» **What to do**
The response must reproduce exactly every line of the material below holding the word "Firearm".

START Data records

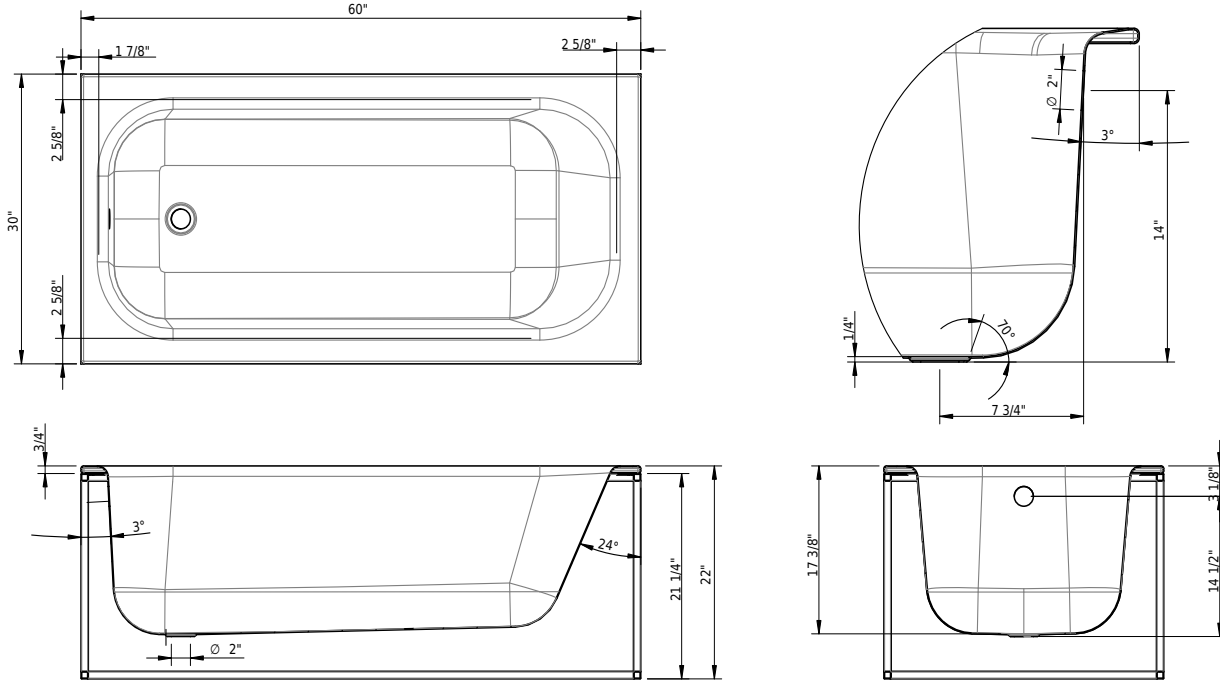

Schmidlin NORM FRAME

60 x 30 x 17 3/8 inch
Article No: 2280-0007

Material

- Glazed titanium steel

Features

- ANTIGLISS included

Compatible drain fittings

- Mountain Plumbing offset brass, BDEXP1 (clicker)
- Jaclo offset, brass 399-2537 (exposed, polished)

1808-0005

Schmidlin freestanding towelholder FRAME LINE
35"x19 1/2"x15 3/4"

1808-0006

Schmidlin ladder FRAME

Options

CE1 CLEANEFFECT

Technical Information

Installation location	freestanding
Weight without water	93 lbs
Water depth to overflow	13 1/4"
Max. water capacity to overflow	53 gal
Drain opening	2"
Overflow hole diameter	2"
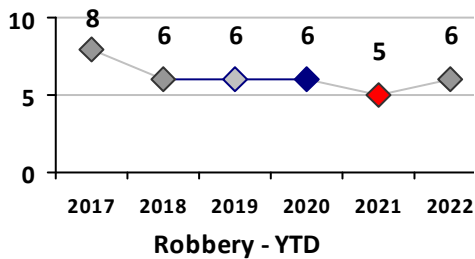

Part I Crime - Comparison Report

Providence Police Department

Through 11/20/2022
Week 46

District 8

4 Week Trend 10/24/2022 - 11/20/2022	Past 28 Days 10/24/2022 - 11/20/2022	Year to Date January 1 - November 20

Violent Crime	Current Week	Last Week	Wk 44	Wk 43	Past 28 Days	Past 28 Days LY	Chg.	Current Year	Last Year	Chg.	Wght. 5yr Avg	Chg.
Homicide	0	0	0	0	0	0	--	0	1	-100%	1	--
Sex Offenses, Forcible*	0	0	0	2	2	1	100%	5	10	-50%	10	-50%
Robbery Other	0	0	0	0	0	0	--	5	4	25%	5	0%
Robbery W Firearm	1	0	0	0	1	0	--	1	1	0%	1	0%
Agg. Assault	0	1	0	0	1	1	0%	12	18	-33%	16	-25%
Agg. Assault W Firearm	1	0	0	0	1	0	--	4	4	0%	4	0%
Total	2	1	0	2	5	2	150%	27	38	-29%	36	-25%

Property Crime	Current Week	Last Week	Wk 44	Wk 43	Past 28 Days	Past 28 Days LY	Chg.	Current Year	Last Year	Chg.	Wght. 5yr Avg	Chg.
Burglary	1	0	0	0	1	2	-50%	32	19	68%	40	-20%
MV Theft	0	0	0	0	0	3	--	31	33	-6%	24	29%
Larceny from MV	3	1	0	3	7	15	-53%	134	115	17%	120	12%
Larceny**	1	2	4	0	7	7	0%	107	81	32%	114	-6%
Total	5	3	4	3	15	27	-44%	304	248	23%	298	2%

Other Crime	Current Week	Last Week	Wk 44	Wk 43	Past 28 Days	Past 28 Days LY	Chg.	Current Year	Last Year	Chg.	Wght. 5yr Avg	Chg.
Assault Other	2	4	1	3	10	7	43%	69	70	-1%	70	-1%
Vandalism	0	0	1	5	6	13	-54%	71	82	-13%	92	-23%
Drug Offenses	1	0	0	0	1	0	--	7	8	-13%	9	-22%
Weapons Offenses	0	0	0	0	0	0	--	5	8	-38%	7	-29%
Liquor Law Violations	0	0	0	0	0	0	--	3	0	300%	0	--
Total	3	4	2	8	17	20	-15%	155	168	-8%	178	-13%

Figures are preliminary and subject to further analysis and revision

* Sex Offenses, Forcible includes forcible rape, forcible sodomy, forcible fondling, sexual assault with an object

** Larceny includes shoplifting, pickpocket, pursesnatch, from building, bicycles, motor vehicle parts or accessories, and other.
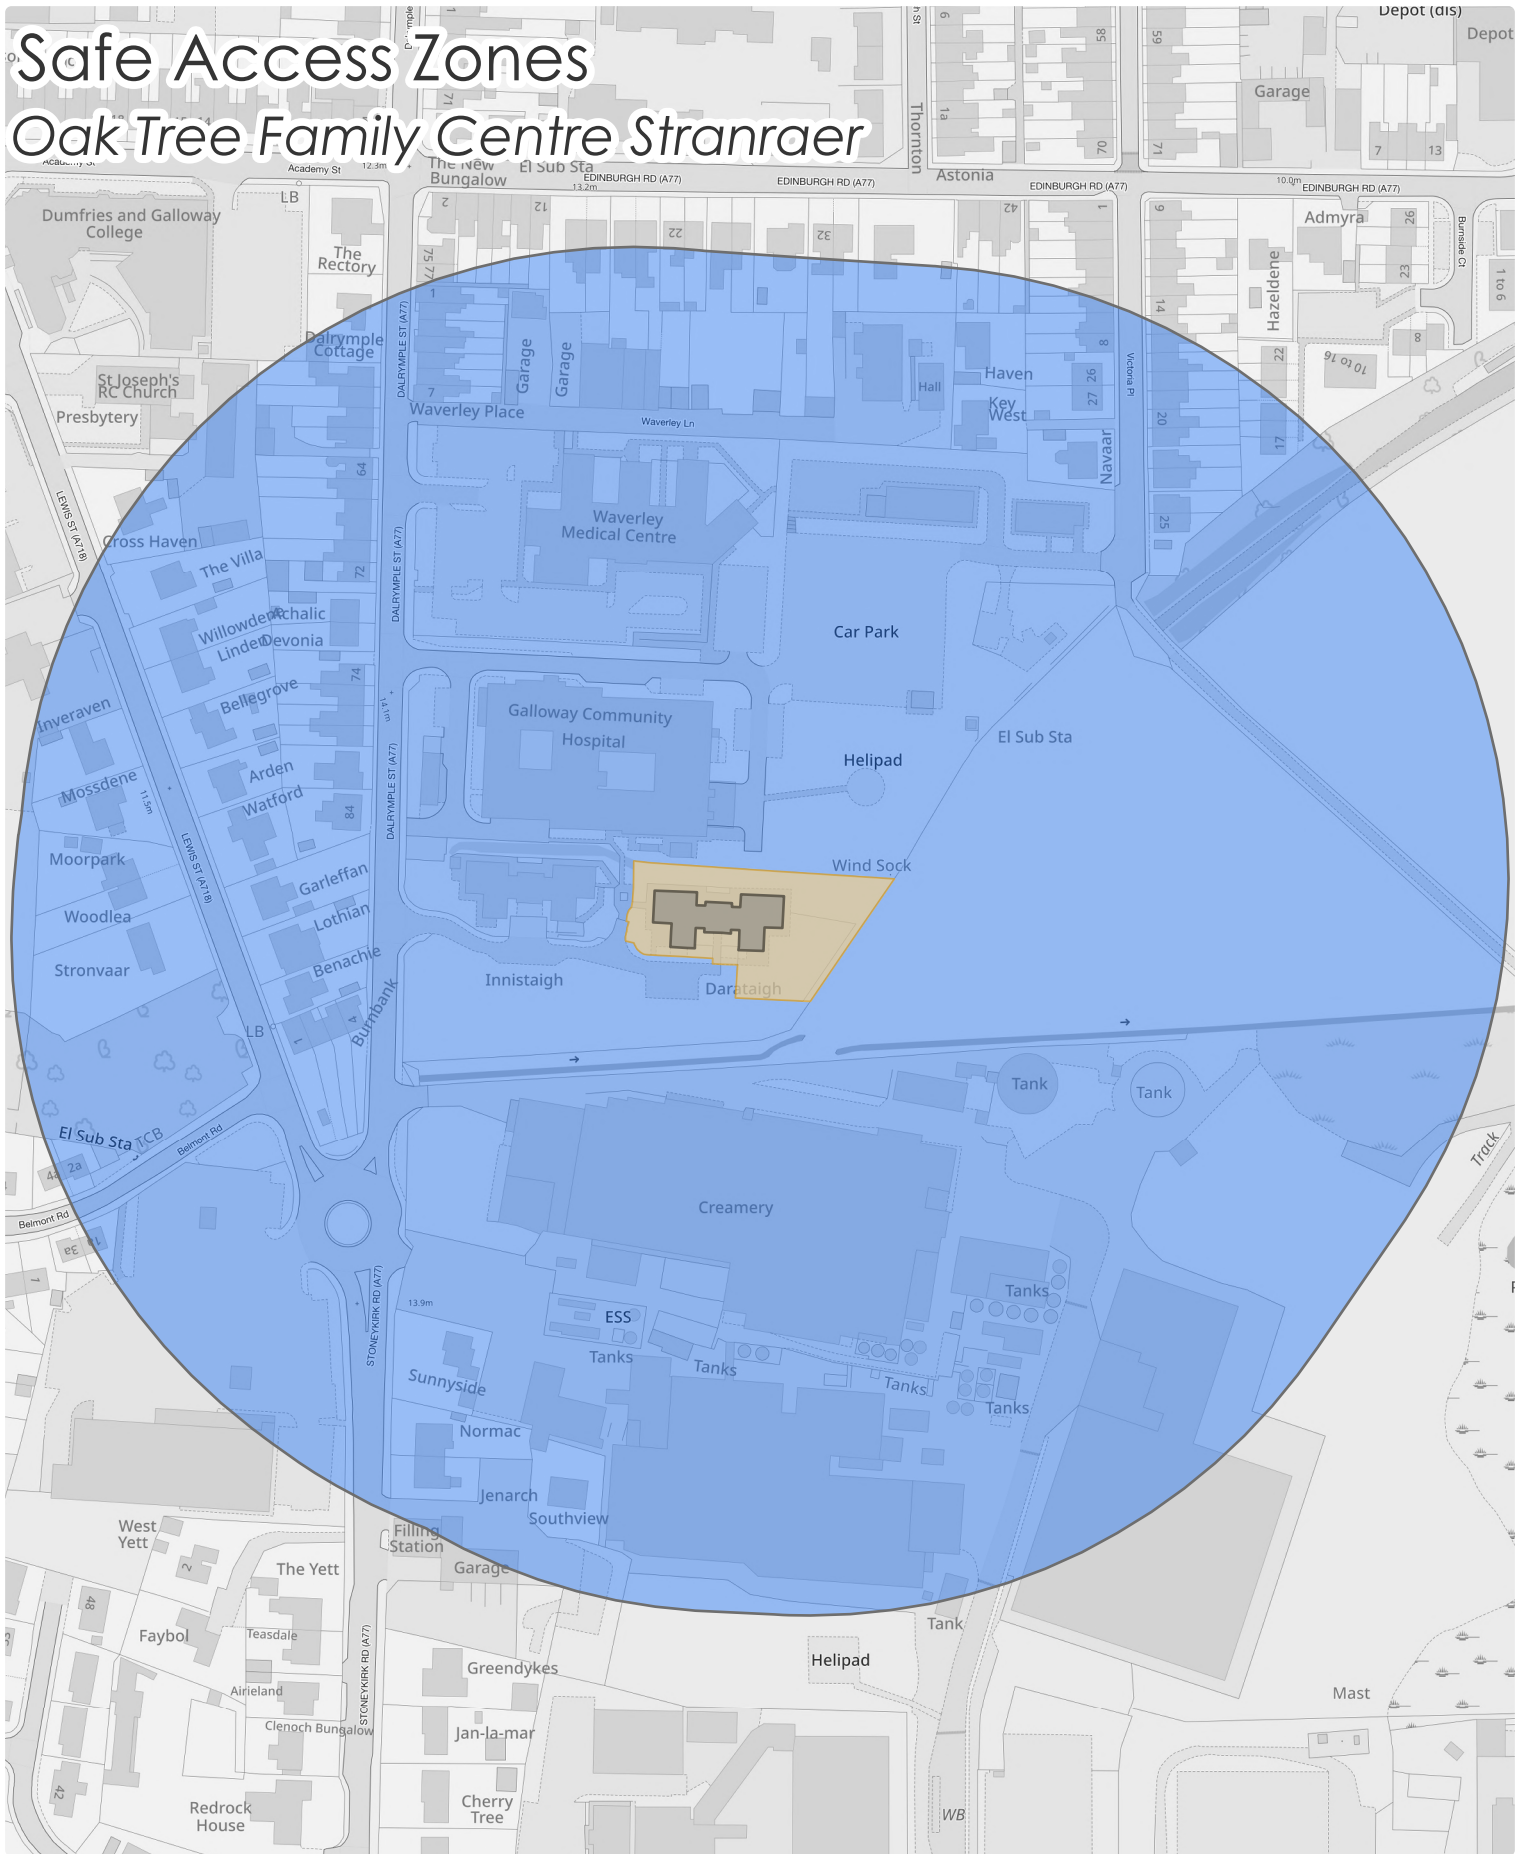

Safe Access Zones

Oak Tree Family Centre Stranraer

- Hospital/clinic buildings
- Hospital/clinic site extents
- Safe Access Zone (200m around site extents)

© Crown copyright. All rights reserved Scottish Government 2024. © Crown copyright and database right 2024. Ordnance Survey (OS Licence number 100024655).

Scale 1:2,463

Scottish Government Geographic Information Science & Analysis Team. August 2024.

END Data records

» **Solution to this task**
Robbery W Firearm	1	0	0	0	1	0	--	1	1	0%	1	0%
Agg. Assault W Firearm	1	0	0	0	1	0	--	4	4	0%	4	0%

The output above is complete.